SUPPLIED INFORMATION:
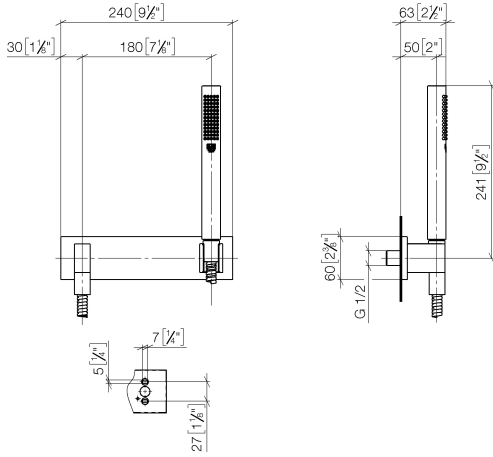

## Hand shower set with cover plate FlowReduce - Brushed Chrome

27 818 980 Product version from 3/2/2021

- COMPACT RAIN, flow rate max. 1.8 gpm (at 3 bar)
- Descaling system
- 3/8" Shower outlet
- Cover plate 9-1/2" x 2-3/8"
- Metal shower hose 49-1/4" with anti-twist device
- 1/2" wall elbow
- This product reduces water consumption by 28% (compared to requirements of EPAAct '92)
- This product contributes to meeting the requirements of the LEED® Green Building Rating
- This product can help a building meet the requirements of Green Building Rating Systems, e.g. LEED®, BREEAM®, DGNB

**Hand shower set with cover plate FlowReduce - Brushed Chrome**

27 818 980 Product version from 3/2/2021

mm [inches]

**Flow rate chart**

**Codes & Standards**

ASME A112.18.1	ASME A112.18.1/CSA B125.1	California Energy Commission (CEC)	cUPC
DIN 4109	ISO 3822	Ü-Zeichen	

## Hand shower set with cover plate FlowReduce - Brushed Chrome

---

27 818 980 Product version from 3/2/2021

### Spare parts list

Number	Item Number	Designation	Number of units	Lead time
1	90 12 11 140 30-93	shower	1	60
2	90 30 02 072 00-93	Metal shower hose 1/2" x 3/8" x 49-1/4" - Brushed Chrome	1	20
3	09 16 01 014 90	ring	1	2
4	90 23 01 141 00 90	back-flow preventer	1	2
5	09 24 03 116 20 90	nipple	1	2
6	09 14 10 008 90	seal	1	2
7	09 30 30 054 90	screw	1	2
8	09 31 11 026 90	pin	2	2
9	09 11 03 046-93	connection	1	20
10	04 31 11 140 00 90	pin	1	2
11	90 14 10 077 00 90	seal	1	2
12	09 24 03 107 20 90	nipple	1	2
13	90 21 02 069 00-93	cover	1	-
Spare part can no longer be ordered, please order the replacement item				
14	90 14 20 026 00 90	seal	1	2
15	90 31 11 112 00 90	pin	1	2
16	09 17 20 044-93	holder	1	20
17	09 18 40 078 90	sleeve	1	2
18	05 30 31 025 00 90	fixing set	1	2
19	09 11 02 120-93	plate	1	20
20	09 24 03 073 90	nipple	1	2

REQUIREMENT: Copy out the lines of the data where the string "requirements" occurs.

TASK ANSWER:
- This product reduces water consumption by 28% (compared to requirements of EPAAct '92)
- This product contributes to meeting the requirements of the LEED® Green Building Rating
- This product can help a building meet the requirements of Green Building Rating Systems, e.g. LEED®, BREEAM®, DGNB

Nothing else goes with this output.